Revera Inc.
- Company type: Subsidiary
- Industry: Seniors' housing
- Founded: 1961
- Headquarters: Mississauga, Ontario, Canada
- Key people: Thomas G. Wellner (President and CEO); ;
- Parent: Public Sector Pension Investment Board
- Website: reveraliving.com

= Revera (company) =

Canadian elderly care company

Revera Inc. was a Canadian company that provided accommodation, care and services for seniors. It owned and operated retirement residences and long-term care facilities. Formerly named Retirement Residences Real Estate Investment Trust, it used to be a real estate investment trust (REIT) that was publicly traded on the Toronto Stock Exchange (TSX), but it was acquired by the Public Sector Pension Investment Board in 2007. Its CEO is Thomas G. Wellner and was formerly Jeffrey Lozon.

==Overview==
Through various partnerships, Revera owns or operates more than 500 properties in Canada, the United States and the United Kingdom.
 These properties offer housing and related services to older adults.

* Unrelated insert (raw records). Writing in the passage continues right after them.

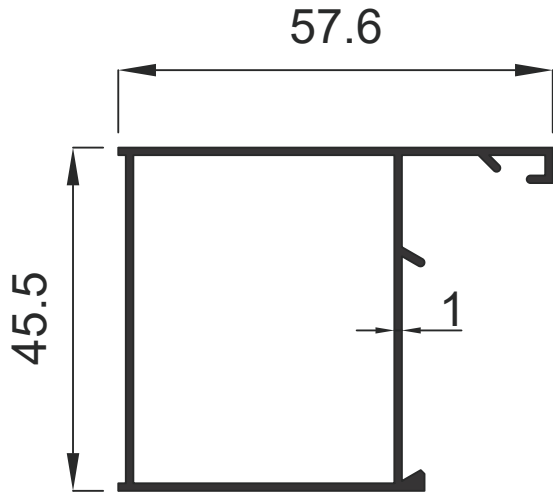

GENSA ALÜMİNYUM

Doğrama Profilleri

Window&Door Profiles

Doğrama Profilleri

Window&Door Profiles

GENSA ALÜMİNYUM

101 0.455 Kg / m

102 0.548 Kg / m

103 0.548 Kg / m

Doğrama Profilleri

Window&Door Profiles

GENSA ALÜMİNYUM

104 0.550 Kg / m

105 0.702 Kg / m

106 0.702 Kg / m

Doğrama Profilleri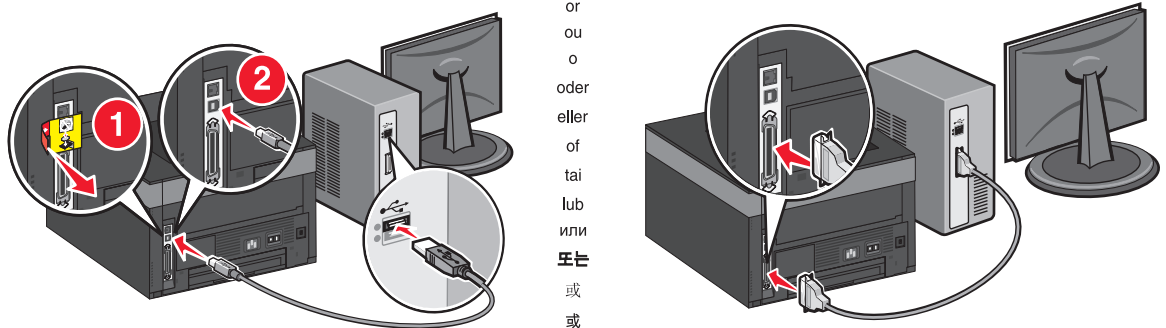

Local	Locale	Lokaal	Lokalne	로컬	本地连接
Lokal	Lokalt	Paikallinen	Локальный	本地连接	本地连接

Network	En red	Nätverk	Verkko	Сетевой	网络连接
Réseau	Rete	Netværk	Nettverk	네트워크	網路連接
Netzwerk	Rede	Network	Sieciowe		

or
ou
o
oder
eller
of
tai
lub
или
또는
或
或

1

2

3

1

2

3

Revera is headquartered in Mississauga, Ontario. A former Mississauga mayor, Hazel McCallion, was appointed as the company's first "Chief Elder Officer" in November 2015. In a first for the senior living sector in Canada, Revera hired a chief medical officer (Dr. Rhonda Collins) in October 2017.

==Controversy==
In October 2006, PSPIB Destiny Inc., a subsidiary of the Public Sector Pension Investment Board (a Canadian Crown corporation) offered to purchase all outstanding units of Retirement Residences REIT at $8.35 per unit. In 2007, PSPIB Destiny Inc. completed the purchase of all units, which were subsequently delisted from the TSX. The company's name was then changed to Revera Inc.

In 2011, Revera acquired Comcare and became one of Canada's largest home care providers. In 2015, Extendicare purchased Revera Home Health, incorporating it into its Paramed Home Health division.

In 2014, Thomas G. Wellner was appointed as Revera's president and CEO. Also in 2014, Revera, in partnership with Health Care REIT (HCN), acquired the management company of Sunrise Senior Living. In 2015, Revera, in partnership with Welltower, acquired Regal Lifestyle Communities.

In January 2019, Revera was facing approximately 85 lawsuits across Canada for neglect contributing to death.

In Manitoba, a number of covid outbreaks took place in Revera managed care homes. As of November 26, 48 people died at Maples, 28 at Parkview Place, 4 at Heritage Lodge and one each at Poseidon and Beacon Hill Lodge. Revera was in the news as a paramedic whistleblower revealed insufficient staffing, multiple deaths, and widespread dehydration and hunger among residents at one home, where 8 residents died over the course of a weekend.